» **WHAT IS BEING ASKED**:
Return each line, exactly as given, from the one containing "Date / Date" through the end of the entries below, and skip the rest.

[Source records]
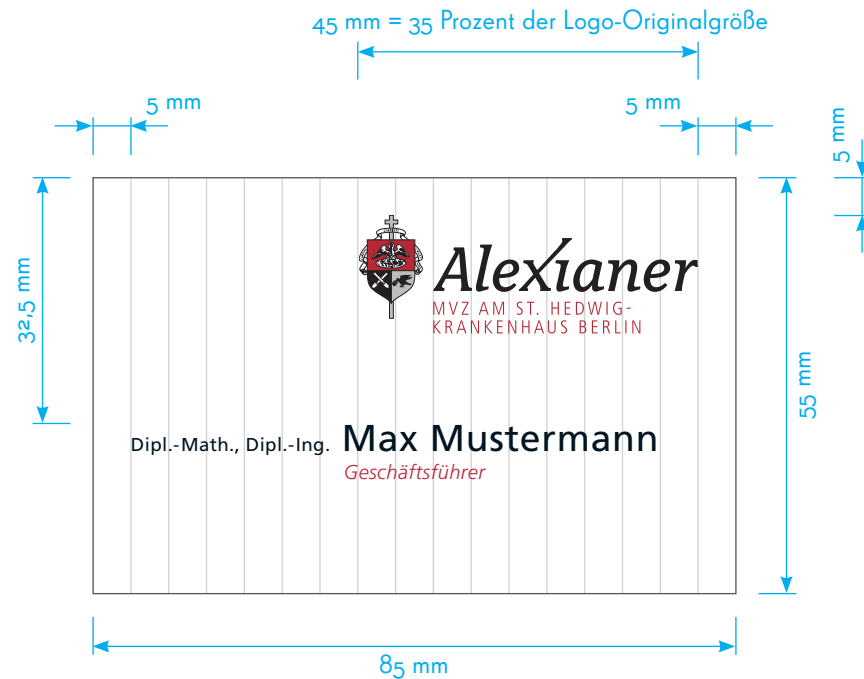

VORDERSEITE

LOGO:

Das Logo entspricht auf der Visitenkarte 35 Prozent der Logo-Originalgröße, welche im Online-Styleguide der Alexianer hinterlegt ist.

TITELBEZEICHNUNG:

Schrift: Frutiger, 55 Roman
Größe: 7 pt
Spationierung: 20
Farbe: 40/0/0/100 (vierfarbiges Schwarz)

NAME:

Schrift: Frutiger, 55 Roman
Größe: 14 pt
Spationierung: 20
Farbe: 40/0/0/100 (vierfarbiges Schwarz)

FUNKTIONSBEZEICHNUNG:

Schrift: Frutiger, 46 Light Italic
Größe: 7,5 pt
Spationierung: 20
Farbe: 30/100/90/0 (Alexianer Rot)

RÜCKSEITE

Alexianer

LOGOSCHRIFTZUG:

Der Logoschriftzug entspricht auf der Visitenkartenrückseite 11 Prozent der Logo-Originalgröße, welche im Online-Styleguide der Alexianer hinterlegt ist.

NAME DER ALEXIANEREINRICHTUNG:

Schrift: Frutiger, 47 Light Condensed
Schriftart: Großbuchstaben
Größe: 7 pt
Spationierung: 20
Farbe: 30/100/90/0 (Alexianer Rot)

AUSRICHTUNG:

Der Logoschriftzug „Alexianer“ steht mit einem Abstand von 4mm vom Anschriftenblock entfernt.
Der gesamte Block (Logoschriftzug, Einrichtungsname und Anschriftenblock) wird gruppiert und im Format zentriert platziert.
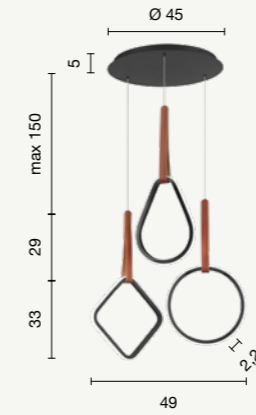

Collezione LED in metallo verniciato ed elemento in ecopelle. Cavetti regolabili in lunghezza.
LED collection in painted metal and faux leather element.
Length-adjustable cables.

colore montatura
frame color

nero black   cuoio leather

sospensione
suspension
SO.REGOLI/MIX
power: 36W
voltage: 220-230V
light temperature: 3000K
nominal lumens: 3600LM
effective lumens: 2000LM
dimmer:
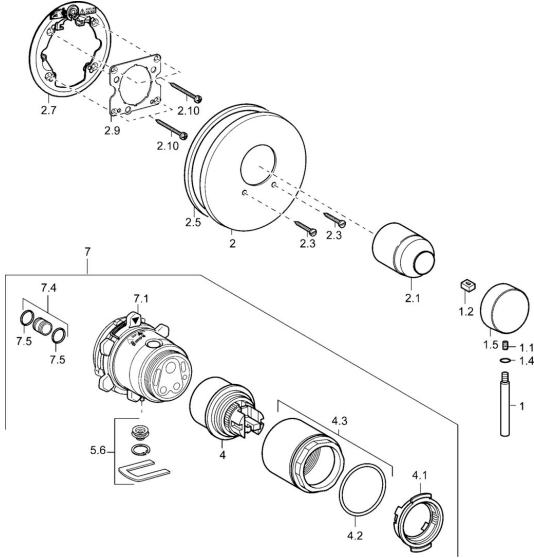

## Náhradní díly

### SP41109041

	Název	Kód
1	Páka, 80 mm Chrom <b>Ukončeno</b>	59912122
1.1	Šroub, M5x8, SW2.5	59904755
1.2	Kluzné pouzdro (osazené)	59904778
1.4	O-kroužek, d 6x1	59912136
1.5	Krytka Chrom <b>Ukončeno</b>	59912143
2	Kryt příruby, d 135 / d 56 mm Chrom <b>Ukončeno</b>	59912882
2	Kryt příruby, d 56 mm	59913078
2	Kryt příruby, d 170/56 mm Chrom <b>Ukončeno</b>	59912928
2.1	Krytka Chrom	59904820
2.3	Šroub, M5x25 Chrom	59912881
2.5	Gumové těsnění	59913045
2.7	Upevňovací část	59912888
2.9	Upevňovací deska	59913034
2.10	Šroub, M4,5x80	59912890
4	Kartuše, 4,8 eco	59904601
4.1	Hot water limiter	59904759
4.2	O-kroužek, 50.52x1.78	59906841
4.3	Oční šroub, M50x1, SW45	59912980
5.6	Plug	59912981
7	Funkční jednotka <b>Ukončeno</b>	59912907
7	Podomítkové těleso sprchové baterie <b>Ukončeno</b>	59912897
7.1	Blind nut	59912984
7.4	Připojovací šroubení, (2014-)	59913885
7.5	O-kroužek, d 14x2	59912982
N.I.	Nástavec-sada, 20 mm	59912754
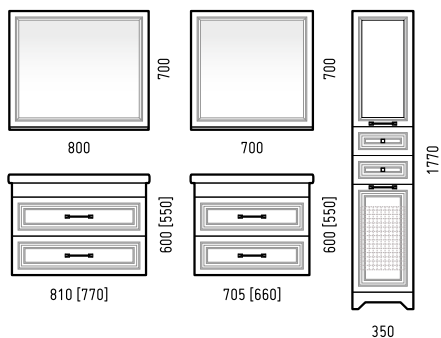

КАРОЛИНА 80,70
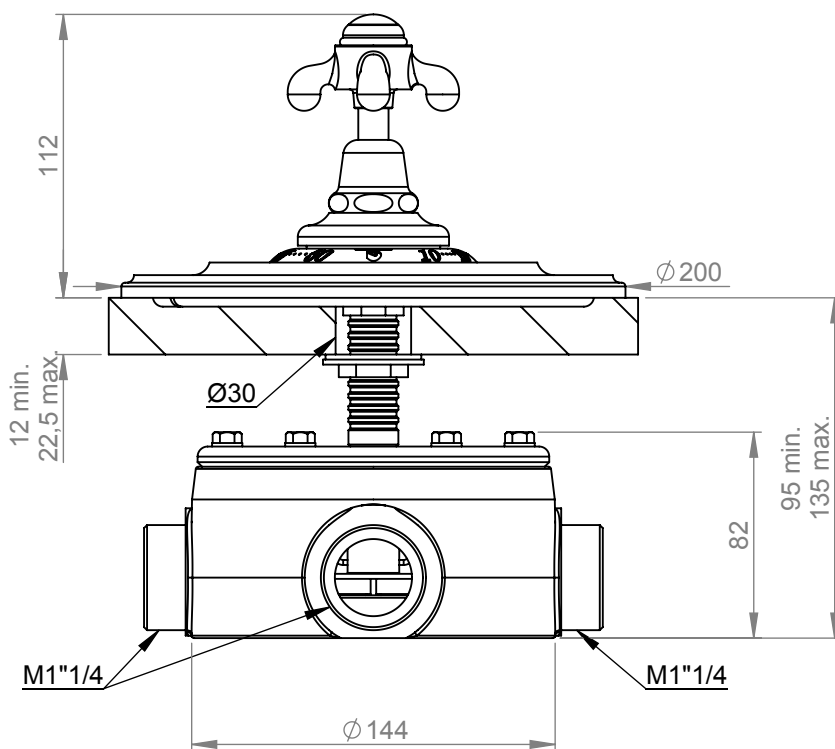

VOLEVATCH

ORFÈVRE DU BAIN

Handcrafted with finest raw materials. Manufacture Volevatch 1 bis place Jean-Jaurès - 80130 Tully

Date / Date :

16/04/2012

Référence : B-RP-T4-00

Mitigeur thermostatique T4 sur plan

Deck-mounted T4 thermostatic valve

Echelle :

1:3

Format :

A4

Tolérances / Tolerances : +/- 5mm
Unités / units : mm/°/gr

Page : 1 / 1

Matière : Laiton massif
Raw Material : Massif brass

» **YOUR SOLUTION**:
Date / Date :

16/04/2012

Référence : B-RP-T4-00

Mitigeur thermostatique T4 sur plan

Deck-mounted T4 thermostatic valve

Echelle :

1:3

Format :

A4

Tolérances / Tolerances : +/- 5mm
Unités / units : mm/°/gr

Page : 1 / 1

Matière : Laiton massif
Raw Material : Massif brass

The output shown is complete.